Corresponding Author: Roland E. Kontermann, Institut für Zellbiologie und Immunologie, Universität Stuttgart, Allmandring 31, 70569 Stuttgart, Germany.
Mol Cancer Ther. 2014 Jan;13(1):101-11. doi: 10.1158/1535-7163.MCT-13-0396. Epub 2013 Oct 3.

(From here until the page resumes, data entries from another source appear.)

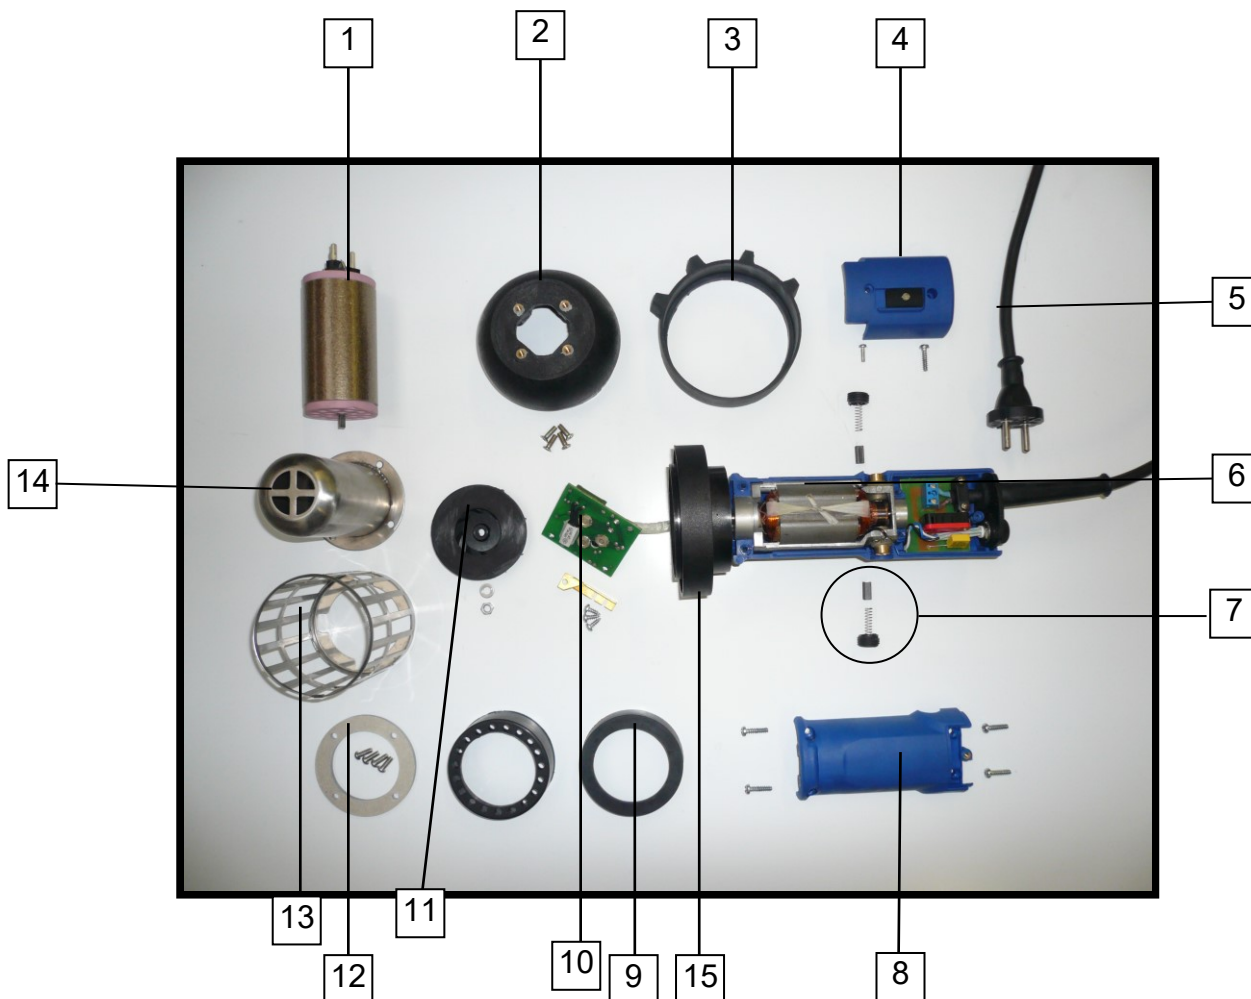

ERSATZTEILLISTE / Spare Part List

Gerätetyp / Model: Airtherm 3000 W / 230 V
Artikel-Nr / Article No.: 18284

Abbildungen können abweichen / Änderungen vorbehalten
Pictures may differ from product / change reserved

Bestellung / Purchase Order

Ersatzteile / Spare Parts

Airtherm 3000 W / 230 V

Firma / Company

Anschrift / Adress

Ansprechpartner / Contact Person

Telefon / Phone Fax

Pos.	Artikel-Nr. Article-No.	Bezeichnung Description	Bestellmenge Quantity
01	19706	Heizelement / heating element Für/for Airtherm 3000 W / 230 V	
02	19878	Kalotte / calotte	
03	19879	Gummiring / rubber ring	
04	19880	Deckel mit Hauptschalter / cover with main switch	
05	19915	Anschlussleitung / Main lead with socket – 230 V	
06	19916	Motor / motor – 230 V	
07	19849	Kohlensatz inkl. Federn und Deckel – set of carbon brushes incl. springs and caps	
08	19883	Gehäuseschale oben / cover top	
09	19885	Gummimanschette / rubber sleeve	
10	20304	Steuerung 2200W / 3000W / 230 V circuit board 2200W / 3000W / 230 V	
11	19888	Lüfterrad / fan	
12	19708	Isolierscheibe / insulating disc	
13	19891	Berührschutz / contact protection	
14	19890	Brennerrohr / barrel	
	19892	Schrauben – Set / set of screws	
15	21091	Kalottenaufnahme / Fan housing lower

We applied the immunoglobulin E (IgE) heavy-chain domain 2 (EHD2) as the covalently linked homodimerization module to generate antibody-scTRAIL fusion proteins. By fusing a humanized single-chain fragment variable (scFv) directed against EGFR to the N-terminus of the EHD2 and a single-chain derivative of TRAIL (scTRAIL) to the C-terminus of the EHD2, we produced a dimeric, tetravalent fusion protein. The fusion protein retained its binding activity for EGFR and TRAIL receptors. In vitro, the targeted antibody-scTRAIL fusion protein exhibited an approximately 8- to 18-fold increased cytotoxic activity compared with the untargeted EHD2-scTRAIL fusion protein. This resulted in increased antitumor activity in a subcutaneous Colo205 xenograft tumor murine model. In summary, the scFv-EHD2-scTRAIL fusion protein combines target cell selectivity with an increased TRAIL activity leading to improved antitumor activities.
我们应用免疫球蛋白 E(IgE)重链结构域 2(EHD2)作为共价连接的同二聚化模块,生成抗体-scTRAIL 融合蛋白。通过将针对 EGFR 的人源化单链片段可变区(scFv)融合到 EHD2 的 N 端,将 TRAIL 的单链衍生物(scTRAIL)融合到 EHD2 的 C 端,我们产生了二聚体、四价融合蛋白。融合蛋白保留了其对 EGFR 和 TRAIL 受体的结合活性。在体外,与非靶向 EHD2-scTRAIL 融合蛋白相比,靶向抗体-scTRAIL 融合蛋白的细胞毒性活性增加了约 8 至 18 倍。这导致在 Colo205 皮下异种移植肿瘤小鼠模型中抗肿瘤活性增加。总之,scFv-EHD2-scTRAIL 融合蛋白将靶细胞选择性与增加的 TRAIL 活性相结合,从而提高抗肿瘤活性。